### Work instruction
Reproduce the listing in full, pictures excluded.

⟨

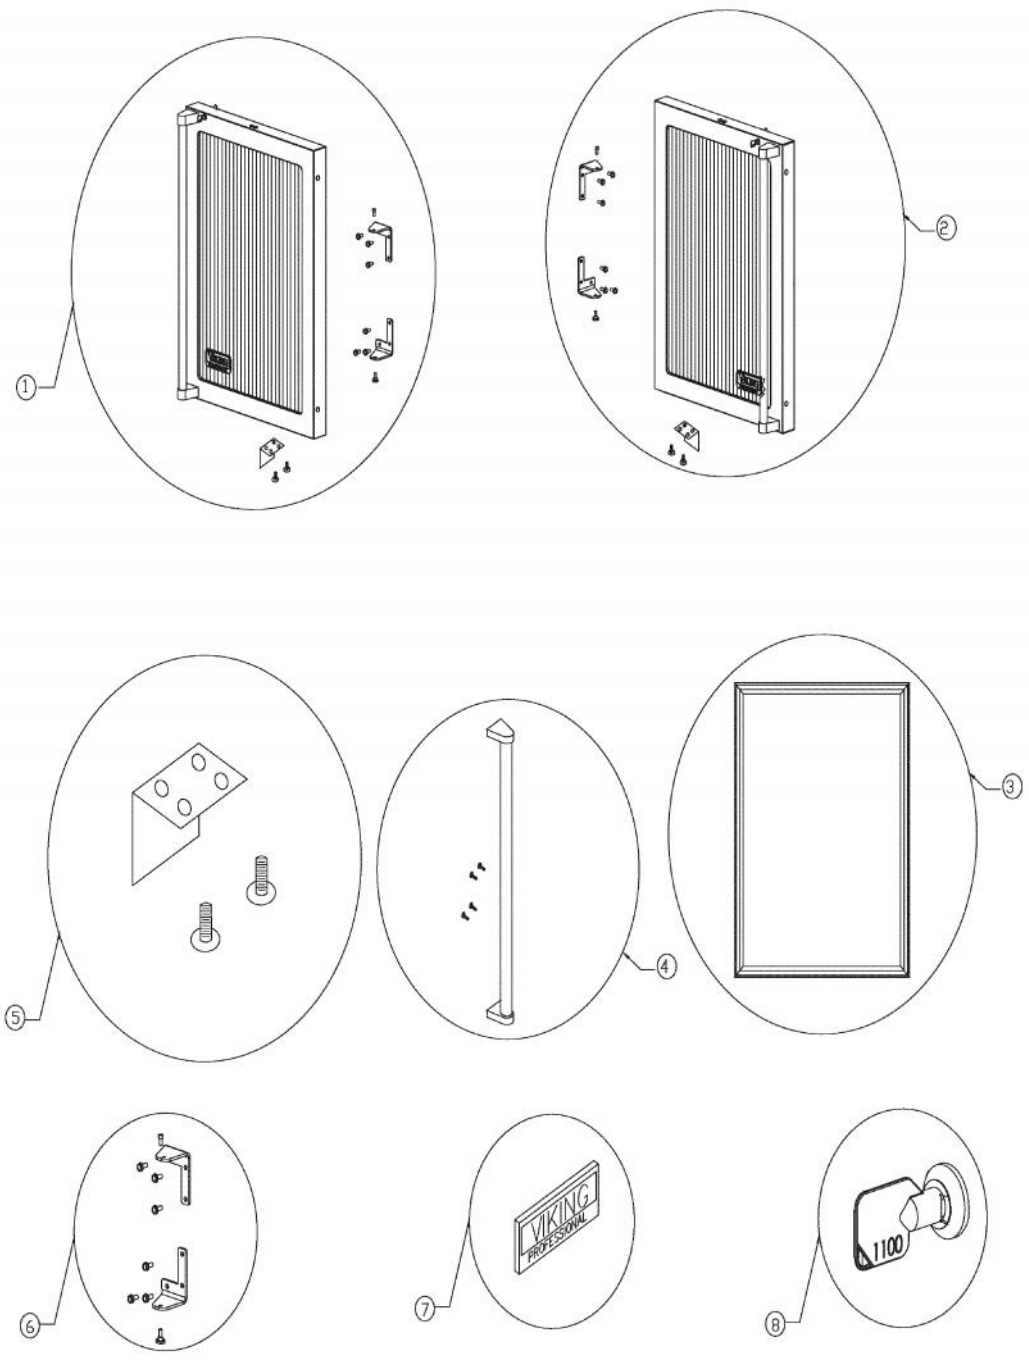

Ref #	Part Number	Qty.	Description
1	PW230086		141 VUWC DR ASSY R-LKY-FGLD-HDL 42244574
2	PS100071		COMPLETE L/H DOOR ASSEMBLY
3	PS100054		DOOR GASKET, BLACK 142 WC (42243907)
4	PE930103		DR HDLE VUWC150DR/VUAR SS CUT 29.5
	PE930103		DR HDLE VUWC150DR/VUAR SS CUT 29.5
	PE030001		BRACKET, DOOR, HANDLE
	PE030001PVD		END CAP DOOR HANDLE XBR
5	PS100048		STRIKER PLATE, BLACK
6	PS100060		STANDARD HINGES, CHROME
7	PE010058		4 1/2 LOGO/VIKING PROF XBKX (ADV
	PE010093		LOGO-4 1/2 (VIKING-XBKXXBRX ADHESIV
	PE010102		LOGO-4 1/2 XWHX ADHESIVE
	PE010094		LOGO-4 1/2 XWHX ADHESIV
8	PS100061		LOCK & KEY

⟩

### Written solution
Ref #	Part Number	Qty.	Description
1	PW230086		141 VUWC DR ASSY R-LKY-FGLD-HDL 42244574
2	PS100071		COMPLETE L/H DOOR ASSEMBLY
3	PS100054		DOOR GASKET, BLACK 142 WC (42243907)
4	PE930103		DR HDLE VUWC150DR/VUAR SS CUT 29.5
	PE930103		DR HDLE VUWC150DR/VUAR SS CUT 29.5
	PE030001		BRACKET, DOOR, HANDLE
	PE030001PVD		END CAP DOOR HANDLE XBR
5	PS100048		STRIKER PLATE, BLACK
6	PS100060		STANDARD HINGES, CHROME
7	PE010058		4 1/2 LOGO/VIKING PROF XBKX (ADV
	PE010093		LOGO-4 1/2 (VIKING-XBKXXBRX ADHESIV
	PE010102		LOGO-4 1/2 XWHX ADHESIVE
	PE010094		LOGO-4 1/2 XWHX ADHESIV
8	PS100061		LOCK & KEY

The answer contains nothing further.